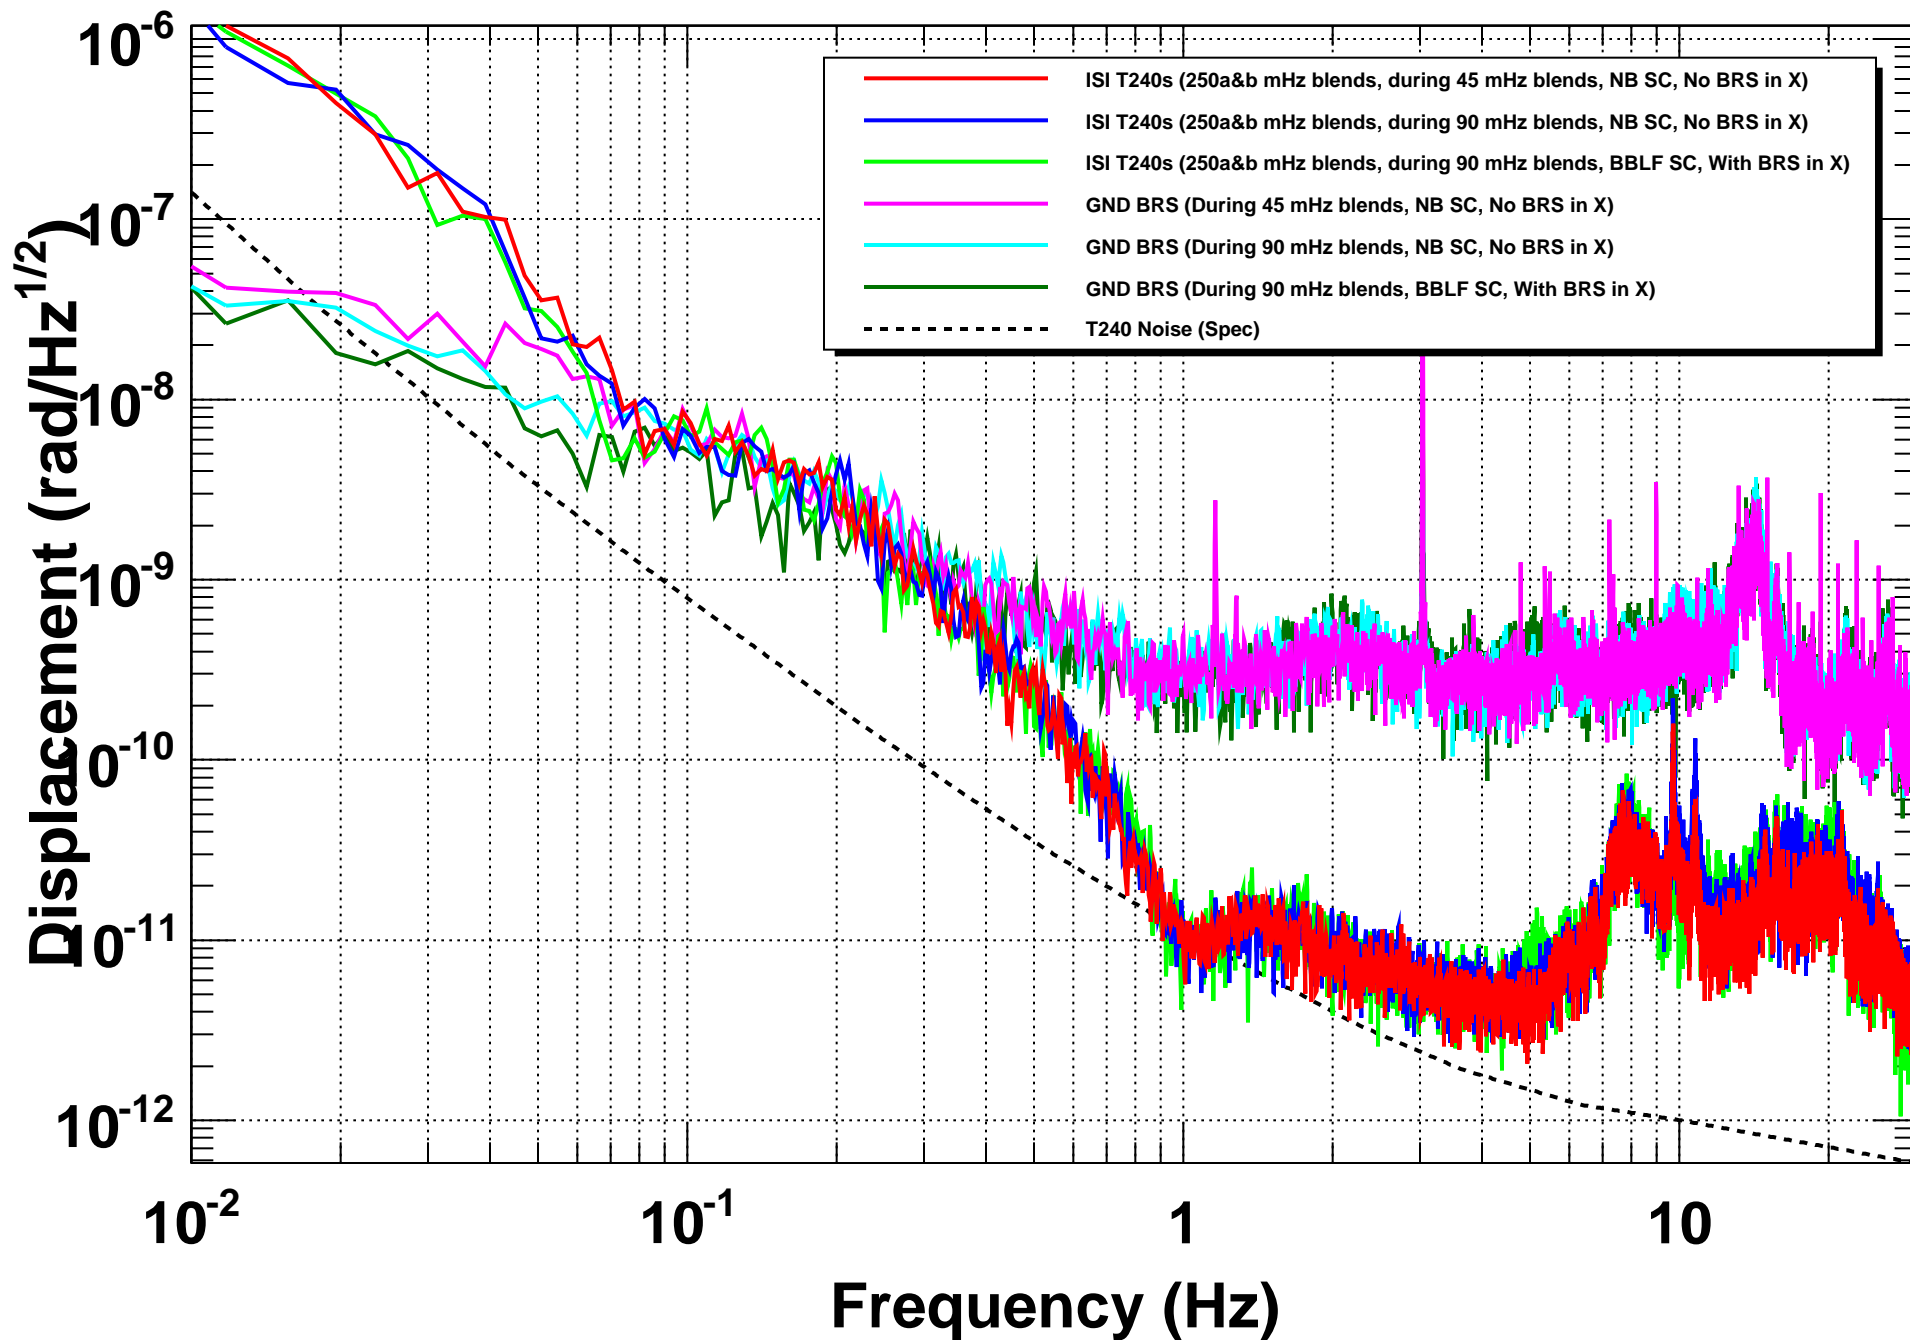

H1 ISI ETMX Performance ASDs -- RY DOF

*T0=07/04/2015 19:53:38

*Avg=4

*BW=0.00585928

H1 ISI ETMX Performance TFs -- GND RY to ISI RY

***T0=07/04/2015 19:53:38**

***Avg=4**

BW=0.00585928

H1 ISI ETMX Performance TFs -- GND RY to ISI RY

*T0=07/04/2015 19:53:38

*Avg=4

BW=0.00585928

H1 ISI ETMX Performance TFs -- GND RY to ISI X

***T0=07/04/2015 19:53:38**

***Avg=4**

BW=0.00585928

**Prompt**:
Return the records verbatim, minus pictures.

**Solution to this exercise**:
H1 ISI ETMX Performance ASDs -- RY DOF

*T0=07/04/2015 19:53:38

*Avg=4

*BW=0.00585928

H1 ISI ETMX Performance TFs -- GND RY to ISI RY

***T0=07/04/2015 19:53:38**

***Avg=4**

BW=0.00585928

H1 ISI ETMX Performance TFs -- GND RY to ISI RY

*T0=07/04/2015 19:53:38

*Avg=4

BW=0.00585928

H1 ISI ETMX Performance TFs -- GND RY to ISI X

***T0=07/04/2015 19:53:38**

***Avg=4**

BW=0.00585928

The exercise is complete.